A live threat feed. Our IOC feed previously shipped only with releases. It is now published on every push, and supply-chain-guard feed refresh pulls it into a local cache that every scan merges automatically for the next 24 hours. When a campaign breaks in the morning, protection lands the same day, not at the next version bump.

What this is not

supply-chain-guard does not do CVE lookups, and we are not going to pretend otherwise. For known vulnerabilities, pair it with Google's osv-scanner or plain npm audit; they are excellent at exactly that. We are the other axis: behavioral heuristics, campaign indicators, and now the agentic surfaces, running fully local, no account, no telemetry, Apache-2.0.

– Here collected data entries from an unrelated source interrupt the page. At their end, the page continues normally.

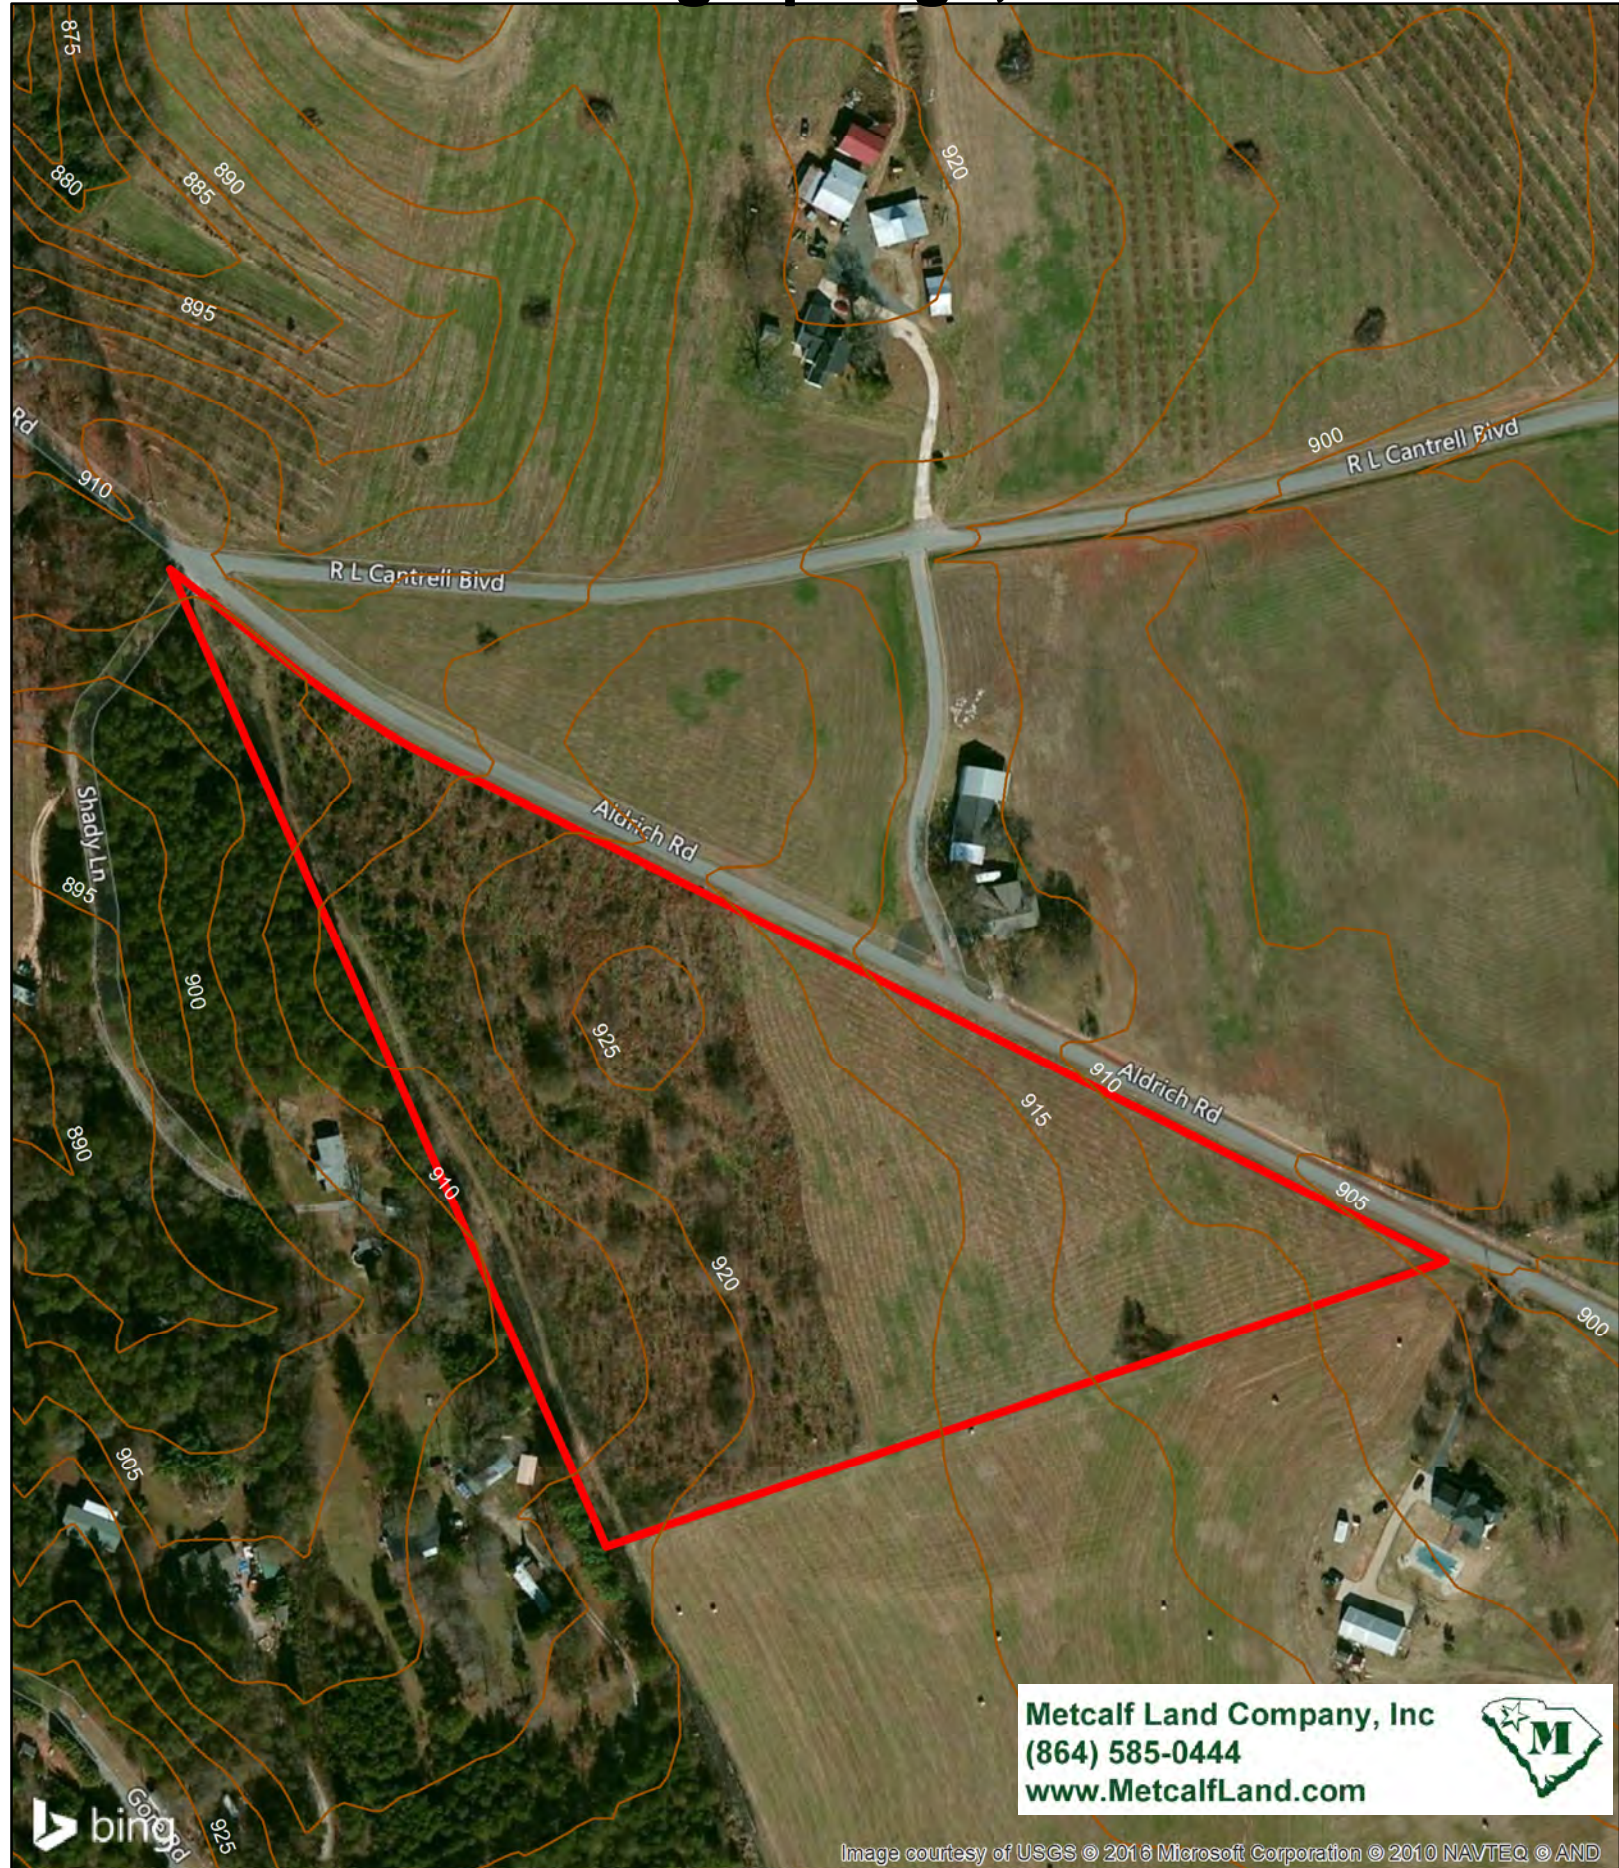

Lynch Tract Boiling Springs, SC

11.71± Acres

1 inch = 200 feet

Image courtesy of USGS © 2016 Microsoft Corporation © 2010 NAVTEQ © AND

All information presented is from sources deemed reliable, but no warranty or representation is made as to the accuracy thereof and submitted subject to errors, omissions, and other conditions without notice.
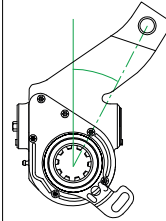

Inclination: (°) Offset: (mm)
 +20 0

Control Arm:
 Type: QF
 Length: 69.5mm
 Angle: N/A

Bush (mm) **14** Spline: **10**

Holes: **105** **129** **153** **215**

3 Year Warranty KBA61325 **SS0023 - 1 Year Warranty**
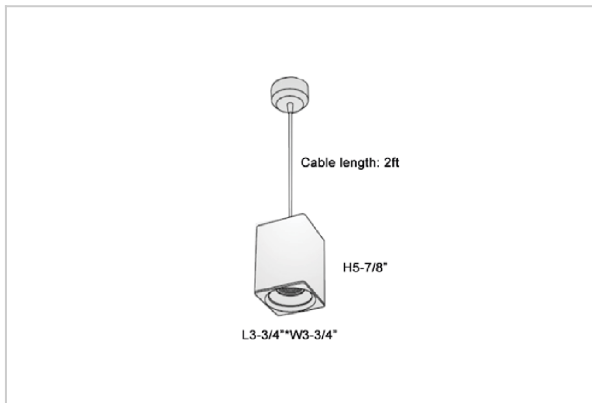

EOS Pendant Lights

ITEM SKU#: 662187504506

Product Code : IK-REosPL-20W-27K-WH-90C-15D

Voltage	100 - 277 V AC, 50-60 Hz
Lumen Output	1600lm
Power	20W
CCT	2700K
CRI	>90
Beam Angle	15°
Light Distribution	Spot
LED Light Source	Osram SOLERIQ S 19
Start Time	Instant
Driver	Stand Alone (included)
Operating Position	No Swiveling Type
Dimming	Triac Dimming / 0-10 V Dimming
Heads	Single Head
Finish	White
Length	3-3/4"
Height	5-7/8"
Optics	Reflective Cup Structure
Width (W)	3-3/4"
Application Area	Guest Room, Restaurant, Meeting Room, Club, Hall, Hotel Entrance

Beam Spread (Options)

Spot	15°	Medium	30°	Flood	45°
ft	Ø	ft	Ø	ft	Ø
3.0	0.72	3.0	1.41	3.0	2.03
9.0	2.15	9.0	4.22	9.0	6.09
15.0	3.58	15.0	7.04	15.0	10.15

Eos is a technologically advanced LED Pendant Light that incorporates electronic gear and a high-quality lens with wide beam spread. While commonly used as task light, the unique and state-of-the-art design of this luminaire also enhances the overall aesthetics of your store.
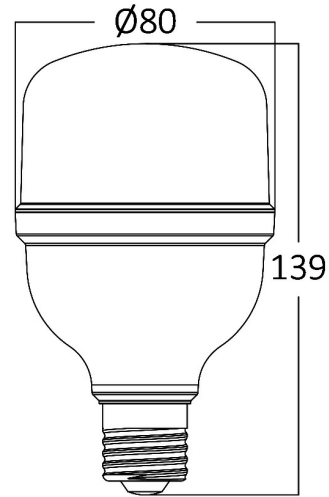

Braytron

PRODUCT DATASHEET

MODEL NO BA13-32023

DESCRIPTION BRY-ADVANCE-20W-E27-T80-PLS-6500K-LED BULB

BRAYTRON SRL

Bulavardul Iuliu Maniu, Nr.616, Sector 6, 061129, Bucuresti-ROMANIA

info@braytron.com

www.braytron.com

Page 1-2
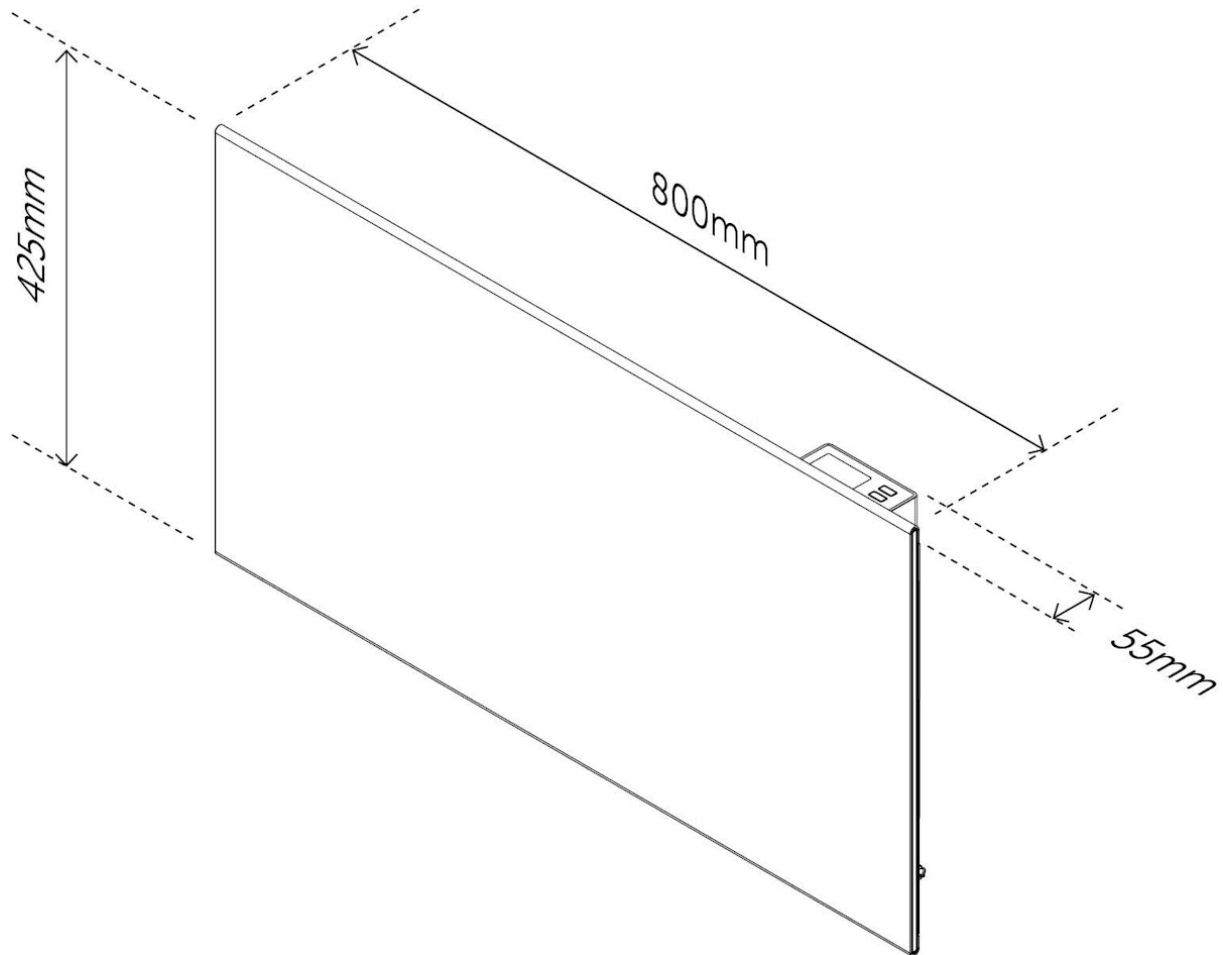

**Heatit Panel 1000W WIFI Black can be ordered from
www.heatit.com/5430487**

All additional documentation are available on the above adress and on documents.heatit.com/5430487
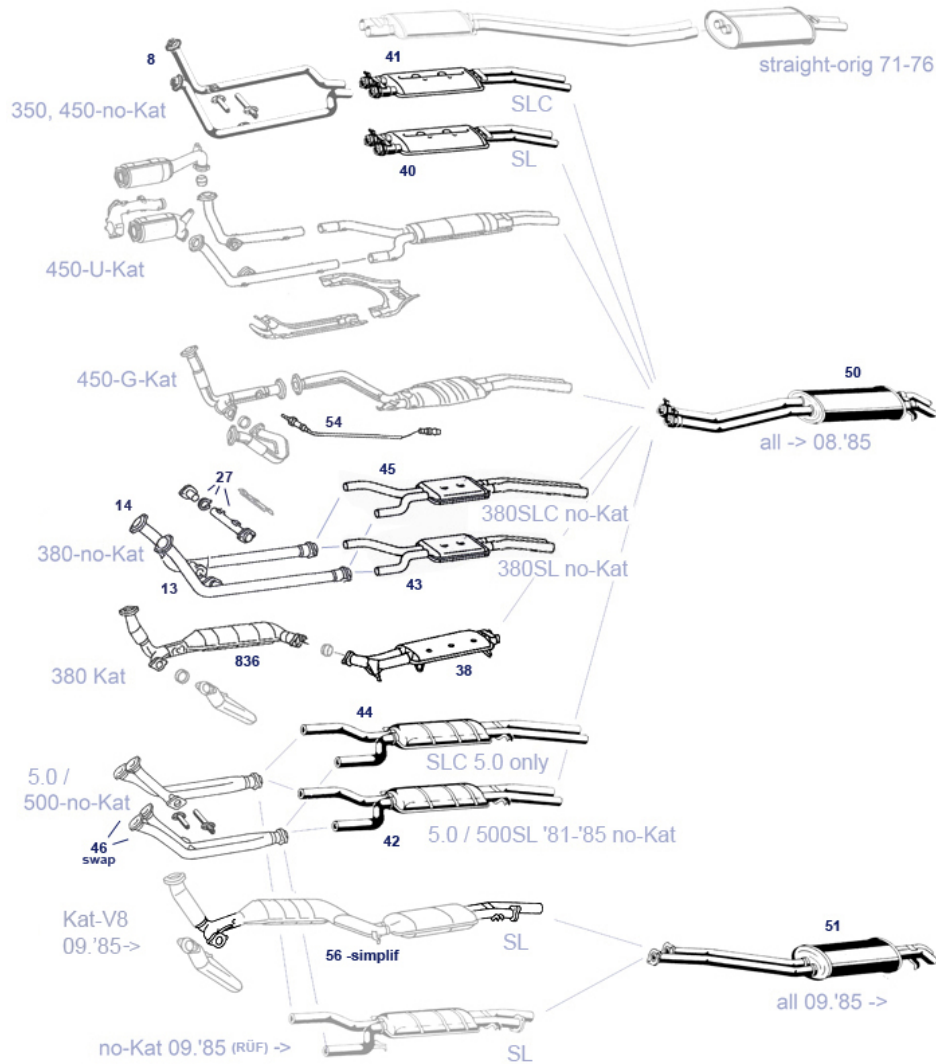

49 Exhaust System

49.b Exhaust systems 8-Cylinder

49.b Exhaust systems 8-Cylinder

	part of set 749846	749812	N/A		universal catalytic converter for welding	749766	€ 311,78
	Lambda sond e.g. 560 US	754620	€ 149,99		Hex. bolts zinc plated, M8 X 65	749850	€ 1,21
	Gasket catalyst @ manifold	714045	N/A		part of set 749846	749828	N/A
	M117.985 US, L / R						
	part of set 749846	749827	N/A		part of set 749846	749811	N/A
8	sleeve clamp 50mm	949018	€ 8,95	8	also 450 Europe early, Downpipe L + downpipe R +	749805	€ 190,40
13	Frontpipe LHD-Euro- 380SL/C, 420SL Lt	749813	€ 269,99	14	Frontpipe LHD-Euro- 380SL/C, 420SL Rt	749814	€ 269,99
27	Exh.clamp 36mm, 8-cyl. fr. w/o cat.	749858	€ 4,70	27	Balance pipes late Euro-V8	749727	€ 239,00
38	O' ring, front V8: 5 Ltr+300,420SL	749072	€ 2,67	38	rest: improvisational repro ctre muffler near 380c	749721	€ 395,00
38	A1074902215 ctre silencer eg. 045-US-Ca	749421	€ 369,00	40	Prototype, remaining stock without KBA number!	749720	€ 219,00
40	Mid. Silencer 280SL, 350SL, 450SL, Eberspächer	749020	N/A	40	N/A A1074901015 : Mid.-Silencer 280,350,450SL, 12k	749820	N/A
40	Mid.-Silencer 280SL, 350-450SL, no Kat,Aftermarket	749120	€ 199,99	41	A1074900915 Mid. box	749021	N/A
41	Rest: Mid.-Silencer	749821	N/A	41	280-450SLC Orig.		
42	Rest: 280,350,450SLC, 13kg, HQ-Repro			41	Ctre silencer SLC->'80,zn-al-plated	749121	€ 333,33
42	A1074901915 Mid. box 450SL 5.0 / 500SL	749022	N/A	42	Ctre silencer 380SL, Aftermarket	749824	€ 505,69
43	Rest: ctre box 380SL Euro,	749024	€ 889,00	44	A1074902115 Mid.sil 450SLC 5.0 /	749023	N/A
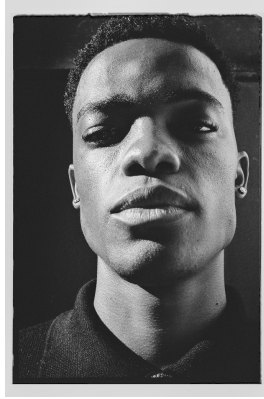

BOSS MODELS

JOHANNESBURG

ORATILE LEKABE

Height: 190cm Chest: 88cm Waist: 73cm Suit: 36 L Shoe: 9 UK Hair: Black Eyes: Brown

BOSS MODELS

JOHANNESBURG

ORATILE LEKABE

Height: 190cm Chest: 88cm Waist: 73cm Suit: 36 L Shoe: 9 UK Hair: Black Eyes: Brown
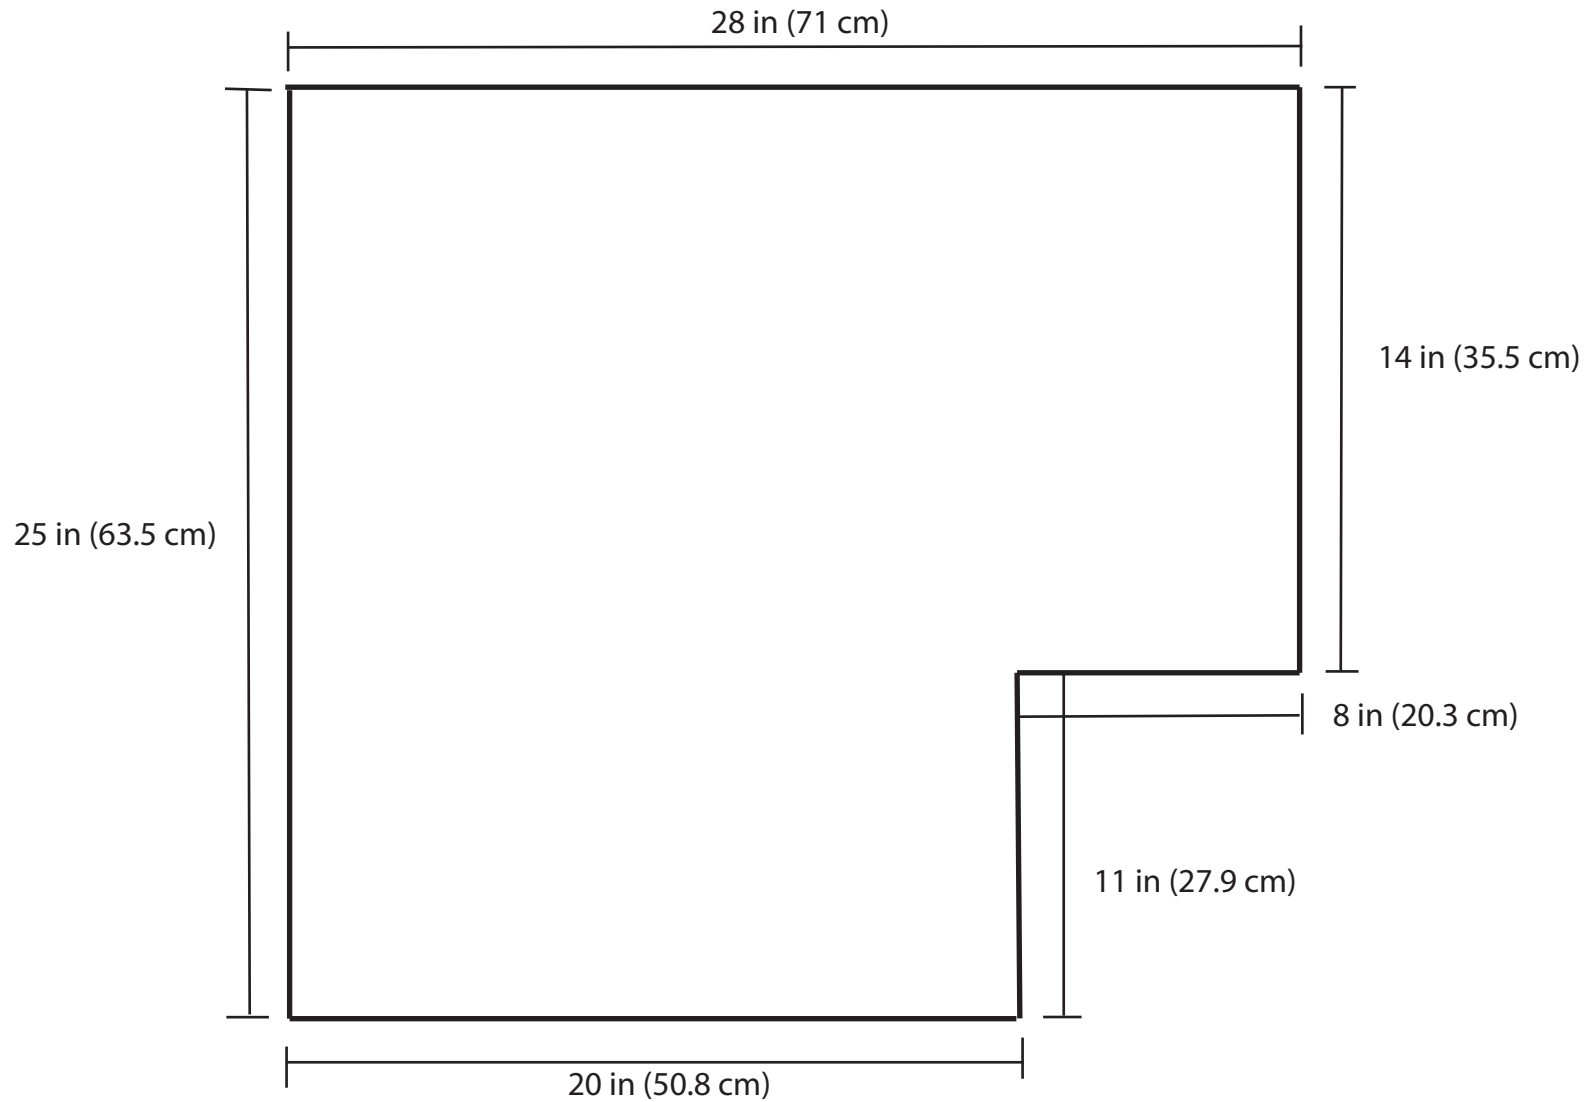

## Inside Dimensions - DCF165/DCR165

### SIDE VIEW

Unit Depth: 16 in (40.6 cm)
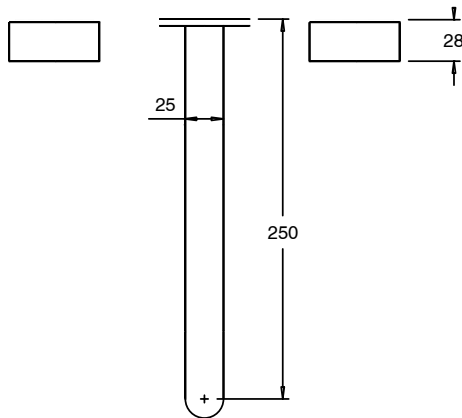

SUSSEX

Sussex Pure Bath Set 250mm EP Satin Chrome Lead Free

47125

SPECIFICATIONS

Recommended Use	Residential;Commercial
Colour Finish	Satin Chrome
Primary Material	Lead Free Brass
Recommended Pressure Range	150 - 500 kPa as per AS3500
Max Continuous Working Temperature (deg C)	65
Min Continuous Working Temperature (deg C)	1

WARRANTY

Residential Use (Years)	40
Commercial Use (Years)	10

Please refer to Sussex Warranty page for full Terms and Conditions

Dimensions are nominal measurements only.

CLEANING RECOMMENDATIONS:

We recommend the use of soapy water or approved cleaners. This product should not be cleaned with abrasive materials. Damage caused by any improper treatment is not covered by the product warranty. Refer to Warranty Conditions

Disclaimer: Products in this specification manual must by regulation be installed by licensed and registered trade people. The manufacturer/distributor reserves the right to vary specifications or delete models from their range without prior notification. Dimensions are nominal measurements only. Dimensions and set-outs listed are correct at time of publication however the manufacturer/distributor takes no responsibility for printing errors.

Published 14/05/2026

To see the complete Sussex range go to www.reece.com.au

One CI job covers both axes:

- run: osv-scanner --lockfile=package-lock.json   # known CVEs and catalogued malware
- run: npx supply-chain-guard scan . --fail-on high   # behavior, campaigns, agentic surfaces

Built in the open

Everything above was built in public: 56 modules, over a thousand tests, every detection rule with positive and negative cases, and a policy engine that fails closed when you typo your own config. The repository self-scans on every release, which is how we keep catching our own false positives before you do (this release alone: our published IOC feed initially set off 169 alarms in our own scanner, which is exactly the kind of bug you want to find at home).

If you want to get involved, we seeded a set of scoped good-first-issues, from Open VSX support to CI recipes for your favorite pipeline. The code is at github.com/homeofe/supply-chain-guard and the package is one npx supply-chain-guard scan . away.

Your agent is already making supply-chain decisions. As of this release, it can make informed ones.